### WORK TO COMPLETE
Copy, exactly and without additions, every line in the records below from the one holding "Optional Renaissance Grille Pattern Widths" through the one holding "RV = Freedom", both ends included.

### DATA TO USE
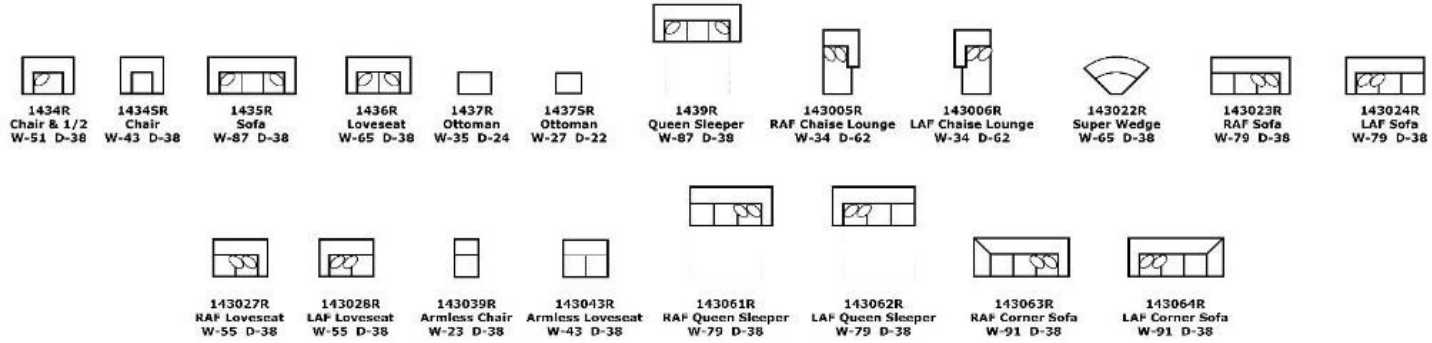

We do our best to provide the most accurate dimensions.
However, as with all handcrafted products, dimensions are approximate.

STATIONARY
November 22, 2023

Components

--

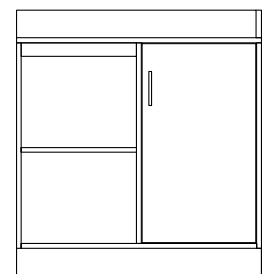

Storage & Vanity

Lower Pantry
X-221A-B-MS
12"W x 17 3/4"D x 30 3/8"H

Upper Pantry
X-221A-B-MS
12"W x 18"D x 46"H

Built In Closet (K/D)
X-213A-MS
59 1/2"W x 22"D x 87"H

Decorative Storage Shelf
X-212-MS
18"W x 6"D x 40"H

* * *

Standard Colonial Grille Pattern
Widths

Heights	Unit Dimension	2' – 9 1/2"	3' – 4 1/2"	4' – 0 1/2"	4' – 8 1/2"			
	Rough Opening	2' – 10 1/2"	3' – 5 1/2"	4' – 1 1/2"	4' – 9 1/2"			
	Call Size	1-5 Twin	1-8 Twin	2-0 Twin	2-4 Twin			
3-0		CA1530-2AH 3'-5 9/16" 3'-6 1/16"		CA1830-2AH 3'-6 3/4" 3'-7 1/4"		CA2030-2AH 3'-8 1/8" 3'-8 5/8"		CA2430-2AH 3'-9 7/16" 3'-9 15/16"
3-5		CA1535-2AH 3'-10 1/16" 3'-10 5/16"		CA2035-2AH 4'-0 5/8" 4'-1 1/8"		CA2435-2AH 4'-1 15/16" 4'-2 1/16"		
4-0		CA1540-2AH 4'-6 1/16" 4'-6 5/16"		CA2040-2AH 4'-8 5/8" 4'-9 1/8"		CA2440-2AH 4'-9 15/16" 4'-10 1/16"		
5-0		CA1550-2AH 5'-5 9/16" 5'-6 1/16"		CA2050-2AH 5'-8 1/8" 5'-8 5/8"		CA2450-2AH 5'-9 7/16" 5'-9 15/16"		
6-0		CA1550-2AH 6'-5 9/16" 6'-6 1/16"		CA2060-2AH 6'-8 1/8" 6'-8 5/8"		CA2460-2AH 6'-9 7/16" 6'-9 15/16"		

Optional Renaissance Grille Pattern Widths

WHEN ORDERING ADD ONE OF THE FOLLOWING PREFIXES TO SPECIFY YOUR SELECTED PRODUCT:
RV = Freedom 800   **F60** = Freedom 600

### EXERCISE SOLUTION
Optional Renaissance Grille Pattern Widths

WHEN ORDERING ADD ONE OF THE FOLLOWING PREFIXES TO SPECIFY YOUR SELECTED PRODUCT:
RV = Freedom 800   **F60** = Freedom 600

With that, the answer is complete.